The United States Naval Academy improperly spent and received gifts and corporate sponsorships from 2005-2010, according to an audit released Thursday by the U.S. Department of Defense's Office of the Inspector General, the Associated Press reported. The audit, which served as a follow-up to a 2009 audit, showed that the Naval Academy spent $3.5 million to produce a short film and six commercials aimed at recruiting soldiers. The audit claims that these funds were not appropriated for the film, and the contract that allowed for their use violated the Antideficiency Act since the money was not issued by Congress, according to the AP. The audit also showed that the academy's deputy for finance, who resigned earlier this year, improperly accepted $184,000 in gifts from alumni.
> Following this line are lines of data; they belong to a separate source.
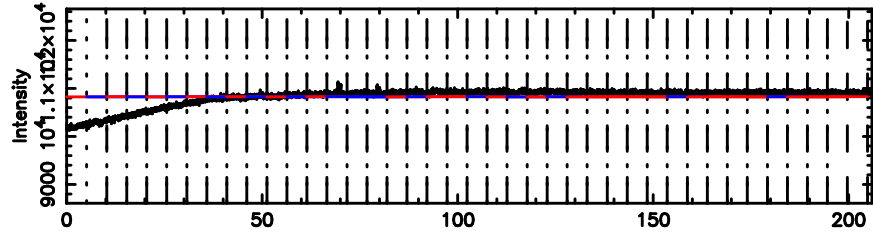

BLK: 4,SNR1: 1.2298 ,SNR2: 3.4204

Frequency (Hz)

2147+145 2026/05/08 21.59UT TOYOKAWA-FUJI

T20260509063335

BLK:15,SNR1: 0.44730 ,SNR2: 1.3546

Frequency (Hz)

K20260509063332

BLK:15,SNR1: 1.5199 ,SNR2: 4.5676
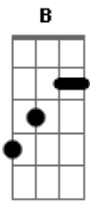

© ukulele-chords.com

The academy also allegedly received $343,208 in improper corporate sponsorships between April 2007 and March 2010 that was spent on activities that did not benefit students, the AP reported.

Veterans who use the GI Bill to attend college after completing their service are likely to succeed if they receive support from their respective schools, according to a Nov. 10 report conducted by Operation College Promise and the Pat Tillman Foundation. The study, titled "Completing the Mission: A Pilot Study of Veteran Students' Progress Toward Degree Attainment in the Post 9/11 Era," examined seven public universities that offered significant support to their student veterans. Of the 200 veterans studied, the average grade point average was 3.04, and 94 percent of the students remained enrolled from Fall 2010 to Spring 2011, with 71 percent of students earning every credit attempted, according to the report. Researchers plan to conduct a study of veterans at institutions that do not offer veterans substantial support in order to compare findings, Hunter Riley, director of programs at the Pat Tillman Foundation, said in an interview with Inside Higher Ed.